Source data:
-- Opening Marker --
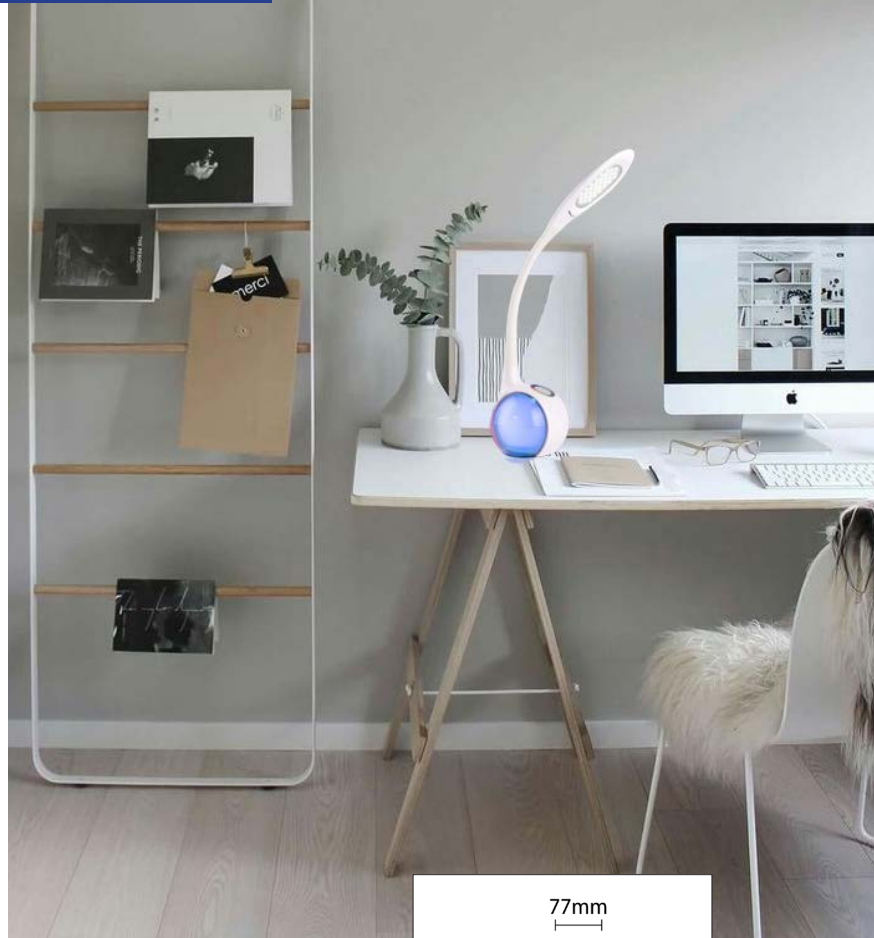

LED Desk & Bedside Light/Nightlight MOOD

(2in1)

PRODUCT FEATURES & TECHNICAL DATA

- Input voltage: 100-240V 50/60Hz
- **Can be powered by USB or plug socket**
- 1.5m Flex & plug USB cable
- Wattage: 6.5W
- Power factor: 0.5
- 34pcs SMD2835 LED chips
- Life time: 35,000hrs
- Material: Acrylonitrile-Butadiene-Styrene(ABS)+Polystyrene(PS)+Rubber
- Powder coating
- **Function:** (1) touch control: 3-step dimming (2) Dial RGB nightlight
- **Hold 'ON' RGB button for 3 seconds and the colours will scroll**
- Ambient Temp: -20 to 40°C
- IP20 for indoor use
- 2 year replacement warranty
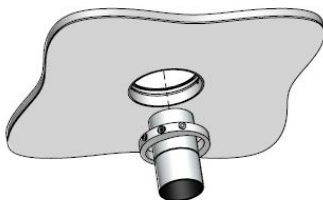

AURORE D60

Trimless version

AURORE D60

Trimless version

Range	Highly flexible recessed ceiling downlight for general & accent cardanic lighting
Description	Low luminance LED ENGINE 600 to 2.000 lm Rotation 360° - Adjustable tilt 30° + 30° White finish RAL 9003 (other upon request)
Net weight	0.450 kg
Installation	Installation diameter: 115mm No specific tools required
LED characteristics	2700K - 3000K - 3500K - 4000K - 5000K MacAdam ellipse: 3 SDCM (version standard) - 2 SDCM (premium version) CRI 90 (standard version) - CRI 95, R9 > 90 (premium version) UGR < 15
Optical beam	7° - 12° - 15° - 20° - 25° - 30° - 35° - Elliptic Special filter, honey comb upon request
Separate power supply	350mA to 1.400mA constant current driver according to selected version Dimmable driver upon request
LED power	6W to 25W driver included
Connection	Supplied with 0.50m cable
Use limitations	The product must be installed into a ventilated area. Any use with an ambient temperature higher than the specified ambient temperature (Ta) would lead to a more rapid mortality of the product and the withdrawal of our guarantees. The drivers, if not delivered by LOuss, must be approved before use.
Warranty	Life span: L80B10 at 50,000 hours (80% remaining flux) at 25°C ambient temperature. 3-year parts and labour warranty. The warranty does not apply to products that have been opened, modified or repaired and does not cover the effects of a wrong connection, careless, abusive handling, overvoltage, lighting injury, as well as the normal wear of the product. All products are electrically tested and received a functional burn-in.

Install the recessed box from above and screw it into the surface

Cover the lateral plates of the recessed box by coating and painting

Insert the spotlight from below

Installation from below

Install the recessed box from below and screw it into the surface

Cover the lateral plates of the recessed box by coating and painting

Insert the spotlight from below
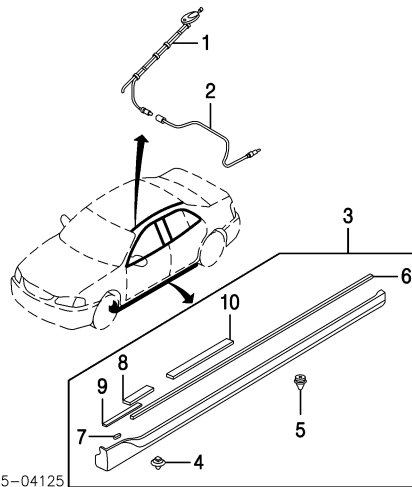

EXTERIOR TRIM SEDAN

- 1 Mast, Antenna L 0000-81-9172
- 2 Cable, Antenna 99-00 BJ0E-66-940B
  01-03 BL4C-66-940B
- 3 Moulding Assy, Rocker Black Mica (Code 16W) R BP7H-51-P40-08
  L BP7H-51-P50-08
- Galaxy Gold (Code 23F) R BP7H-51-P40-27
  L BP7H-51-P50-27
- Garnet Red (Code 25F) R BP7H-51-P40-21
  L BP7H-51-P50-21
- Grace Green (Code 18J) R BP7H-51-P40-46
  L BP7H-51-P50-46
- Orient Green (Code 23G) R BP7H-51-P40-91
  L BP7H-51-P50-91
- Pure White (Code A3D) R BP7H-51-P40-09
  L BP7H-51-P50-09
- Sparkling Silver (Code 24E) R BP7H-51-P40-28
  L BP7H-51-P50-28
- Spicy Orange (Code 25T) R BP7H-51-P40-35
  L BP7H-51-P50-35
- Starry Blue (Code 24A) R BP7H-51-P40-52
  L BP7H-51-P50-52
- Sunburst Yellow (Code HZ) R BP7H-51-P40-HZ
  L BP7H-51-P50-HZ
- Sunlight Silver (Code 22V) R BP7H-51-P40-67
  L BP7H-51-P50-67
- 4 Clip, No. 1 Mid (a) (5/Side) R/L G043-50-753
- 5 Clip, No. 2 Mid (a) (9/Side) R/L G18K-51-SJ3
-- Closing Marker --
▶ **Instructions to follow**: Only a word-for-word repetition of the lines from the one containing "L BP7H-51-P50-52" to the final line of the data above counts as the answer.

▶ **Answer box**:
  L BP7H-51-P50-52
- Sunburst Yellow (Code HZ) R BP7H-51-P40-HZ
  L BP7H-51-P50-HZ
- Sunlight Silver (Code 22V) R BP7H-51-P40-67
  L BP7H-51-P50-67
- 4 Clip, No. 1 Mid (a) (5/Side) R/L G043-50-753
- 5 Clip, No. 2 Mid (a) (9/Side) R/L G18K-51-SJ3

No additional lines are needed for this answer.